**EXERCISE:** Using the records that follow, reproduce exactly the lines starting at the line containing "Dimensions and Parameters" and ending at the line containing "Rent flat 1+kk, 40". Include both end lines and no pictures.

** Opening PROVIDED DATA block **

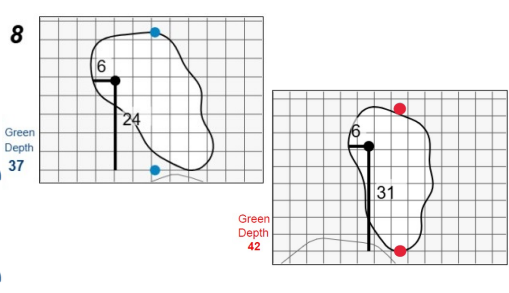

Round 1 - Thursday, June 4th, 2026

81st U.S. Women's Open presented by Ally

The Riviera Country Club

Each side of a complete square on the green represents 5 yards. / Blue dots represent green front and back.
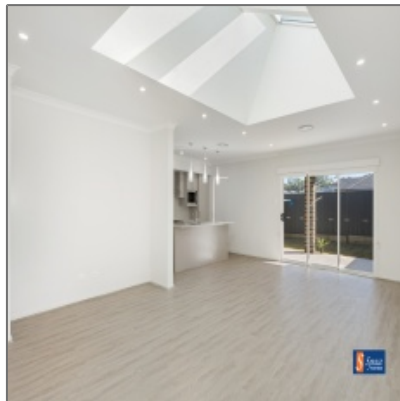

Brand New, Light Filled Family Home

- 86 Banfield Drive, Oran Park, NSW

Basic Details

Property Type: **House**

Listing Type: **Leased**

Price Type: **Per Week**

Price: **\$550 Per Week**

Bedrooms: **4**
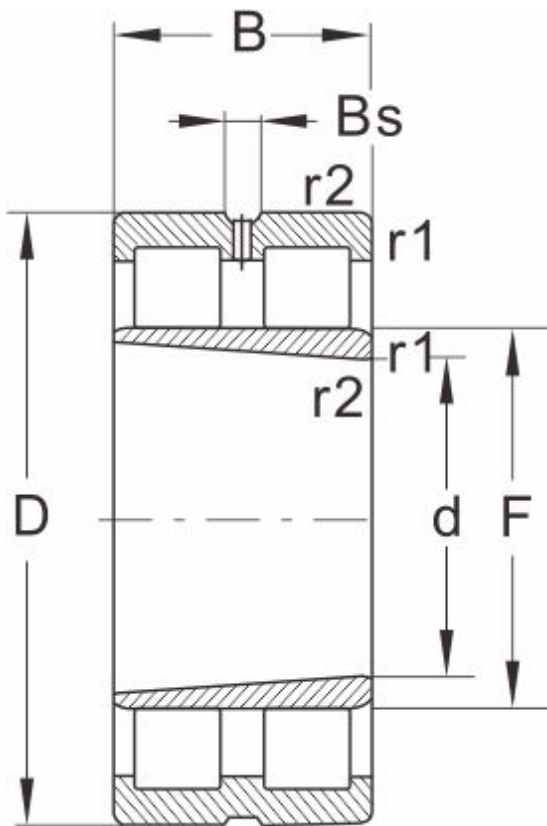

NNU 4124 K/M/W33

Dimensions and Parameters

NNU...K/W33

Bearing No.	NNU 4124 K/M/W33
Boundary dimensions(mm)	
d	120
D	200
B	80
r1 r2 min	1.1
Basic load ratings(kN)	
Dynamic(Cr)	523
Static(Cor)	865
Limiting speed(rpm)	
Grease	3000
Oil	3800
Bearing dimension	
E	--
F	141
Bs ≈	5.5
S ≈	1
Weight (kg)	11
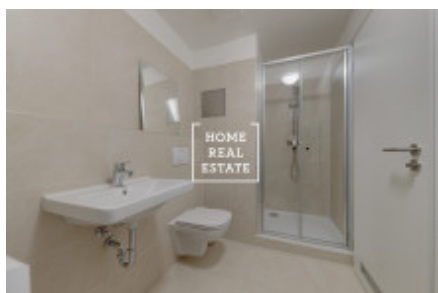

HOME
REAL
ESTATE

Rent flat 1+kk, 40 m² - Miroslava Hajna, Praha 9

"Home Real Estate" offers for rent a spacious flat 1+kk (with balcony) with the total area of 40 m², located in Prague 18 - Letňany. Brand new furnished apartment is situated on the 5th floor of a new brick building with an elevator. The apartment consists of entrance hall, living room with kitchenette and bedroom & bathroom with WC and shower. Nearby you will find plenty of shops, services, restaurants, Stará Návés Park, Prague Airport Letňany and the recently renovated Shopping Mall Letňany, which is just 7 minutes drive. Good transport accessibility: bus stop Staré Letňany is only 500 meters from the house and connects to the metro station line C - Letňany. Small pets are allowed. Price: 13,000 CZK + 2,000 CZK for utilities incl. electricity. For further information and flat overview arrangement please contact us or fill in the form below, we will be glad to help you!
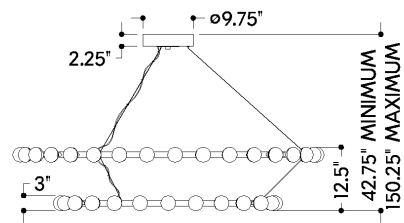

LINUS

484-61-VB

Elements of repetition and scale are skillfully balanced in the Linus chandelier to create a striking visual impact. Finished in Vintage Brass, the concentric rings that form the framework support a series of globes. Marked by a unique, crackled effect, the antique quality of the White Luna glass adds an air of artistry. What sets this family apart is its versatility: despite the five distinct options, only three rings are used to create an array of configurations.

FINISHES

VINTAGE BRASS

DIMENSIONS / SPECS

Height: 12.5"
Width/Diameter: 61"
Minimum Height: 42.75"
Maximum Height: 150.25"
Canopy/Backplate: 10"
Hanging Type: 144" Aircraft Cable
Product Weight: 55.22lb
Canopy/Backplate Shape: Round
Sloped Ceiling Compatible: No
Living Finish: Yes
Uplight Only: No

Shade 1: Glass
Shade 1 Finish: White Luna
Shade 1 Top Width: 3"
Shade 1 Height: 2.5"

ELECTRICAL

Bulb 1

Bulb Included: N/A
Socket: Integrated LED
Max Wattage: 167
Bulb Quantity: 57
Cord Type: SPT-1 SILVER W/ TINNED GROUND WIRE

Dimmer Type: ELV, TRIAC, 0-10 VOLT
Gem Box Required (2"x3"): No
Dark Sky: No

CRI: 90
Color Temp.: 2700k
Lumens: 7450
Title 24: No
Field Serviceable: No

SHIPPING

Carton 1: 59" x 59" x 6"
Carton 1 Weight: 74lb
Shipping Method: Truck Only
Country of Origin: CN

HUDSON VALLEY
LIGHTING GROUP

** Closing PROVIDED DATA block **

**RESPONSE FOR THIS EXERCISE:**
Dimensions and Parameters

NNU...K/W33

Bearing No.	NNU 4124 K/M/W33
Boundary dimensions(mm)	
d	120
D	200
B	80
r1 r2 min	1.1
Basic load ratings(kN)	
Dynamic(Cr)	523
Static(Cor)	865
Limiting speed(rpm)	
Grease	3000
Oil	3800
Bearing dimension	
E	--
F	141
Bs ≈	5.5
S ≈	1
Weight (kg)	11

HOME
REAL
ESTATE

Rent flat 1+kk, 40 m² - Miroslava Hajna, Praha 9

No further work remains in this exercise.